What you need to do: Copy out precisely the line that holds "FINISH: Silver" and all the lines following it in the data, up to and including the last one, and no others.

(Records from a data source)
☆ ☆ ☆ ☆
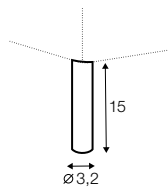

no. 195
metal chrome,
painted black
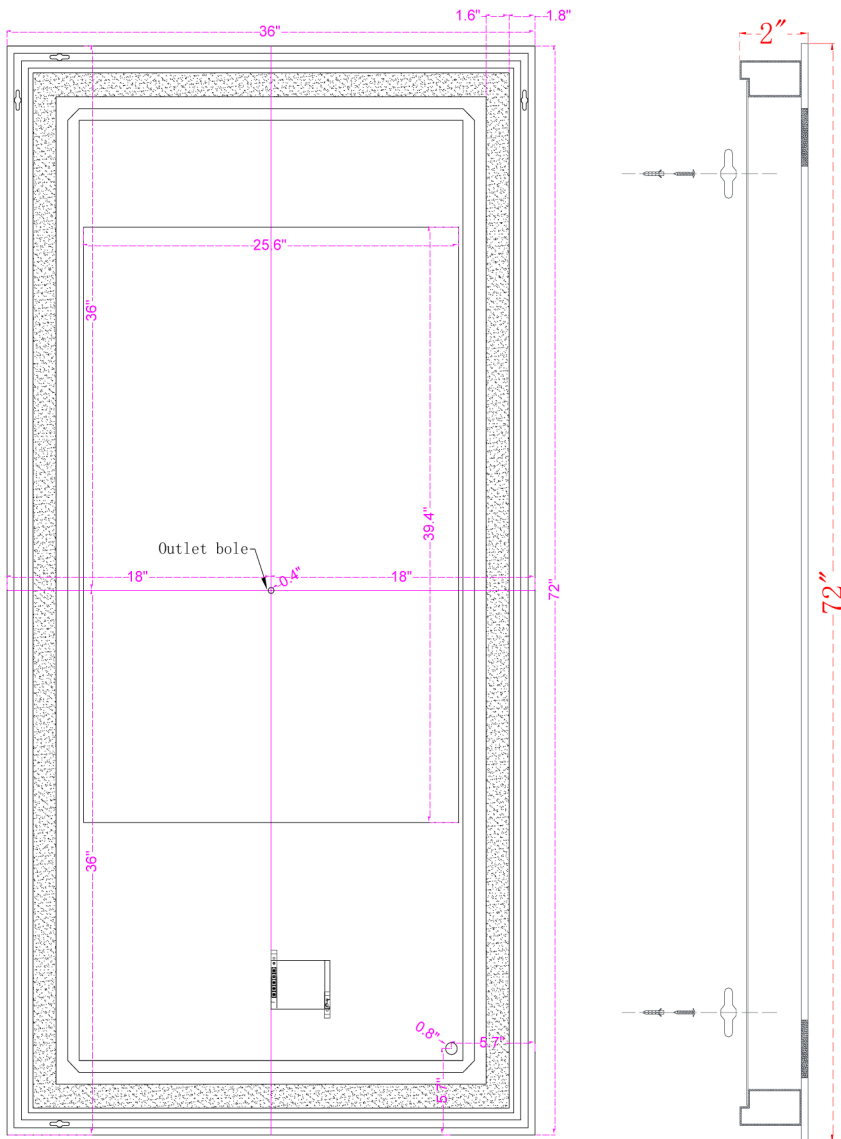

**W36" X H72" CRI 90 CCT (K) 4200K, 6400K, 3000K 1183Lumens
LED Mirror Light**

PRODUCT DESCRIPTION

IP44 Rated LED Backlit Bathroom Wall Mirror, Highly polished silver mirror with 4 Rectangle light windows. Epoxy powder coated mild steel back box. LED Mirror Light is designed to provide 40,000 hours of life.

SPECIFICATIONS:

- Mirror Size: W36" X H72"
- Lamp power: 208W;
- Lumens: 1183lm
- CRI \geq 0.9;
- CCT: 4200K, 6400K, 3000K
- Watts per color temperature: 78W+39W+39W
- Dimming LED
- Electronic Driver: Input 110-120V, output DC 12V
- Defogger
- Luminaire Disconnect
- Changeable LED light strip
- Primary Material: SPCC+GLASS
- UL Approved

FINISH: Silver

INSTALLATION:

1. Mount the chassis on the wall, the chassis can be horizontal or vertical hanging.
2. Install lamps
3. Wiring
4. Powder connection
5. Hang mirror on chassis

Size: W36" X H72"

The distance from the middle outlet hole to both sides W17.48" X H35.48"

**LABELS: UL/CUL listed, IP Rating:
IP44.**
☆ ☆ ☆ ☆
Result of this task:
FINISH: Silver

INSTALLATION:

1. Mount the chassis on the wall, the chassis can be horizontal or vertical hanging.
2. Install lamps
3. Wiring
4. Powder connection
5. Hang mirror on chassis

Size: W36" X H72"

The distance from the middle outlet hole to both sides W17.48" X H35.48"

**LABELS: UL/CUL listed, IP Rating:
IP44.**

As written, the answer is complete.